Input section start

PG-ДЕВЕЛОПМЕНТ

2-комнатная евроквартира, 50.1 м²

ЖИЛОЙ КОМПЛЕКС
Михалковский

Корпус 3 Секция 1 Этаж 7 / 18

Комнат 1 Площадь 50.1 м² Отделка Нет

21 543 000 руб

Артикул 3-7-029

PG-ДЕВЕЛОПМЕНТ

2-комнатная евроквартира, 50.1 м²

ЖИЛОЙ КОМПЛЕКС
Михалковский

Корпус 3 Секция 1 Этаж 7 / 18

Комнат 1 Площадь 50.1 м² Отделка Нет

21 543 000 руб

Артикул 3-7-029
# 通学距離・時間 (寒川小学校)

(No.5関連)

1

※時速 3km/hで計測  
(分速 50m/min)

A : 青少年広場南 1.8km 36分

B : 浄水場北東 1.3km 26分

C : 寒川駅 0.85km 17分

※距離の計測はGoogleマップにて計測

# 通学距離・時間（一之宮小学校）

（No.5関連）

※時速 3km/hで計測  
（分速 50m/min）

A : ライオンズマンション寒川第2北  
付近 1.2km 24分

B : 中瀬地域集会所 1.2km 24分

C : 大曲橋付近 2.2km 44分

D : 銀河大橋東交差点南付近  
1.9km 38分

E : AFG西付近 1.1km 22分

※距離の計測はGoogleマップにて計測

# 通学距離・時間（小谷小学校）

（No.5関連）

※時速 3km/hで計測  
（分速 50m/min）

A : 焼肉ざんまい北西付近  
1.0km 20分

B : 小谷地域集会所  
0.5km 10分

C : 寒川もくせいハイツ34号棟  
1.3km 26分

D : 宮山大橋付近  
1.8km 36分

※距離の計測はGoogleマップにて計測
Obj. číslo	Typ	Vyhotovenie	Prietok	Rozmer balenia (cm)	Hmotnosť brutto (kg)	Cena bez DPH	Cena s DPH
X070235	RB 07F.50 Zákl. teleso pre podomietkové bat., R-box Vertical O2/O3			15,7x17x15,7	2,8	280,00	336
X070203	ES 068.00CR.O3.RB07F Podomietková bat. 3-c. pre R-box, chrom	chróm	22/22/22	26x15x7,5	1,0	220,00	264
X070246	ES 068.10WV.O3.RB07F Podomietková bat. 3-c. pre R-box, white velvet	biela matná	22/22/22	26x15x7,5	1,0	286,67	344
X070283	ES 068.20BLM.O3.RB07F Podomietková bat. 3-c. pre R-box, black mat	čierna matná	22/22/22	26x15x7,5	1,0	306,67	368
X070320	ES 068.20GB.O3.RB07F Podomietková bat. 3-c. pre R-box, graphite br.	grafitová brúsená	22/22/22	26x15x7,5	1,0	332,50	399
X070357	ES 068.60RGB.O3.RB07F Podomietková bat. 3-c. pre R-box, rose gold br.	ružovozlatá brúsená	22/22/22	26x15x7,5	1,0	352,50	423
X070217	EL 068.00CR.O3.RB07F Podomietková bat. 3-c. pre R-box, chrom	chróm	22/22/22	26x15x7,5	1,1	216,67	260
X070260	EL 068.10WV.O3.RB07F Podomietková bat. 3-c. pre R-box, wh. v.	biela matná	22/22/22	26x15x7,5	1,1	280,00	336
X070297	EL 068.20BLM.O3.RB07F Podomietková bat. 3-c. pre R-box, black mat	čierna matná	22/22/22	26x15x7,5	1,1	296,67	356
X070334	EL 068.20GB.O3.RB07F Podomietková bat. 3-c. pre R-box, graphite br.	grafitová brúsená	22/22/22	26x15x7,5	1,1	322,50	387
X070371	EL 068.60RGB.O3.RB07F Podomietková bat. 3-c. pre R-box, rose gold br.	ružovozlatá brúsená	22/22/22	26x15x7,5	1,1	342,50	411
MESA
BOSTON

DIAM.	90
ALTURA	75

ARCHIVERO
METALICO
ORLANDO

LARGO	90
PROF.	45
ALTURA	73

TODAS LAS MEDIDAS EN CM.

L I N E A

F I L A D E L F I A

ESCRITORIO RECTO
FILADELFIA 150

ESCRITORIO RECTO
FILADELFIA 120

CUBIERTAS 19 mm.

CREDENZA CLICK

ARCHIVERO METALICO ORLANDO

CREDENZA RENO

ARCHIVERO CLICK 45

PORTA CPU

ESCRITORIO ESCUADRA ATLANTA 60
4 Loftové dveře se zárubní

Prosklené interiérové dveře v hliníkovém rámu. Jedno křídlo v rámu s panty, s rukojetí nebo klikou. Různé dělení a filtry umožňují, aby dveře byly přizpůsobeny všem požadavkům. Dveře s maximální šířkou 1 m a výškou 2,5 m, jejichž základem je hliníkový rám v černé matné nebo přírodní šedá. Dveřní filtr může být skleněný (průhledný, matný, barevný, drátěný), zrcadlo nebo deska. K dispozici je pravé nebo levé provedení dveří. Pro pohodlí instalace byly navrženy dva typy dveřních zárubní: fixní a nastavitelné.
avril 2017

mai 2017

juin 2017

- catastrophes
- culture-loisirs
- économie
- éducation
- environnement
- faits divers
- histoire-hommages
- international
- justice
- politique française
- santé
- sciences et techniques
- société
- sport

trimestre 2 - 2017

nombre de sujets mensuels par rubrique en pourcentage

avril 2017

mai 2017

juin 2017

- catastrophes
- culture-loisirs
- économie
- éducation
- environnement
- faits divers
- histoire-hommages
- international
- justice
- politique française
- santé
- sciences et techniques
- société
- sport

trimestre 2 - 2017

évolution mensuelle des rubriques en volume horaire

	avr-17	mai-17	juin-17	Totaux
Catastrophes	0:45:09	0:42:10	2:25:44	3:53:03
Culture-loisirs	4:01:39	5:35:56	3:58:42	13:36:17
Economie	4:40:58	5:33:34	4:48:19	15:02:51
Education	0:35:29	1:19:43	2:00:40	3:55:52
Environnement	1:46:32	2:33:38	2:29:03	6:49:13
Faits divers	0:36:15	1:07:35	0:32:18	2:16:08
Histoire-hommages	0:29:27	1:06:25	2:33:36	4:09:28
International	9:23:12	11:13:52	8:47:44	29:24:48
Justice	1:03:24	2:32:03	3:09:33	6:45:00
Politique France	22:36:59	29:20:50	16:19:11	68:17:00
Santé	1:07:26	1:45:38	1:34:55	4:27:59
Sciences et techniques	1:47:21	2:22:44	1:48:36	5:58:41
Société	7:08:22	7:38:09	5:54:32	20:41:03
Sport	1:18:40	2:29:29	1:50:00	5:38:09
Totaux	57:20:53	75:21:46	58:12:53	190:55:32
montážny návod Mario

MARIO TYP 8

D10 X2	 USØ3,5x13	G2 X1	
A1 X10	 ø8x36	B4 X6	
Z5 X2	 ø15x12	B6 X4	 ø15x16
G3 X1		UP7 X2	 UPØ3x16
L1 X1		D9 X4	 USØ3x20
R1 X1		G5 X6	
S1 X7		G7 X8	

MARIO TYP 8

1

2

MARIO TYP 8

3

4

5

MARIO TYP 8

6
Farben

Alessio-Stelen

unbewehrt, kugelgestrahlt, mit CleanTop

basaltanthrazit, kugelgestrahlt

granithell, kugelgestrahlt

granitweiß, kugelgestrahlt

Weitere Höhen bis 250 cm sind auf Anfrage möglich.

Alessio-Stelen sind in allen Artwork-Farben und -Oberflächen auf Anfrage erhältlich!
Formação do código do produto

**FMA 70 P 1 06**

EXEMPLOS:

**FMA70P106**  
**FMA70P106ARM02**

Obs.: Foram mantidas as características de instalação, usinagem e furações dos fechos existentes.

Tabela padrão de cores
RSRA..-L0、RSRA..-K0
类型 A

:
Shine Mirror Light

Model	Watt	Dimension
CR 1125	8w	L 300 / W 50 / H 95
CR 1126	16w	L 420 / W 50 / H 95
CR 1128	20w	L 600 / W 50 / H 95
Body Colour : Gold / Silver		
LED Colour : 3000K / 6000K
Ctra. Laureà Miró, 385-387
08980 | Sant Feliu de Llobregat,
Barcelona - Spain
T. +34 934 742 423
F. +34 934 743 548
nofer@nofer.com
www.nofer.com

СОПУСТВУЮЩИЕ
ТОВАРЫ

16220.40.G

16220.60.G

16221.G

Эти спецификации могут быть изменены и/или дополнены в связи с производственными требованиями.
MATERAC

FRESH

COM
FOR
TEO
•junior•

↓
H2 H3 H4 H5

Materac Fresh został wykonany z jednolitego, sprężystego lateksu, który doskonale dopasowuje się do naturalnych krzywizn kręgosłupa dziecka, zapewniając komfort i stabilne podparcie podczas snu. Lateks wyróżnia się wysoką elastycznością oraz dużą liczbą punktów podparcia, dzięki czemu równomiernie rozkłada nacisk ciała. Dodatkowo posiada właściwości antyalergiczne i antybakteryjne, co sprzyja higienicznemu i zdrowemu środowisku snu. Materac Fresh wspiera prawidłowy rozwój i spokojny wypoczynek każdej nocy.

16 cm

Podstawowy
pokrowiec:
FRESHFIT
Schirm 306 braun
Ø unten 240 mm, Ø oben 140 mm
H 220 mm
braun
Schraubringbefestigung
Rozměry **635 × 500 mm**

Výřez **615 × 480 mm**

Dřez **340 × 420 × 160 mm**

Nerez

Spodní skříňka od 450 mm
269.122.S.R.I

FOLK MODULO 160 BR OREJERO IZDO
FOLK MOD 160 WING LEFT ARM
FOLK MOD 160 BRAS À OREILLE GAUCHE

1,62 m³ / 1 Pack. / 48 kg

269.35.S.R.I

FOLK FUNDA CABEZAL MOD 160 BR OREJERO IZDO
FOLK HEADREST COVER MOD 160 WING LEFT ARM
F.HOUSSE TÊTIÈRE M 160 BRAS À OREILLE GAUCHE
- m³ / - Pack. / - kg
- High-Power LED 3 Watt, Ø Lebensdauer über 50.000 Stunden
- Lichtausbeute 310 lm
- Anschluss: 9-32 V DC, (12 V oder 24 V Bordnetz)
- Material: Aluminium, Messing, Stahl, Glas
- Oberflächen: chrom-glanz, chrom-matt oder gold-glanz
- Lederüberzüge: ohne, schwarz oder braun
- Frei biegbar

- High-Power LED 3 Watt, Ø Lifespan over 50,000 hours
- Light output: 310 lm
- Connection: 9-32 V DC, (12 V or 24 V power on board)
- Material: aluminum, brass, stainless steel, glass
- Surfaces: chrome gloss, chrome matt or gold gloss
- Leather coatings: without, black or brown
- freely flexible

Input section end

Your assignment:
After locating the line that contains "C : 寒川駅 0.85km 17分", please copy exactly every line from the start of the records through it, and nothing else.

Problem solution:
PG-ДЕВЕЛОПМЕНТ

2-комнатная евроквартира, 50.1 м²

ЖИЛОЙ КОМПЛЕКС
Михалковский

Корпус 3 Секция 1 Этаж 7 / 18

Комнат 1 Площадь 50.1 м² Отделка Нет

21 543 000 руб

Артикул 3-7-029

PG-ДЕВЕЛОПМЕНТ

2-комнатная евроквартира, 50.1 м²

ЖИЛОЙ КОМПЛЕКС
Михалковский

Корпус 3 Секция 1 Этаж 7 / 18

Комнат 1 Площадь 50.1 м² Отделка Нет

21 543 000 руб

Артикул 3-7-029
# 通学距離・時間 (寒川小学校)

(No.5関連)

1

※時速 3km/hで計測  
(分速 50m/min)

A : 青少年広場南 1.8km 36分

B : 浄水場北東 1.3km 26分

C : 寒川駅 0.85km 17分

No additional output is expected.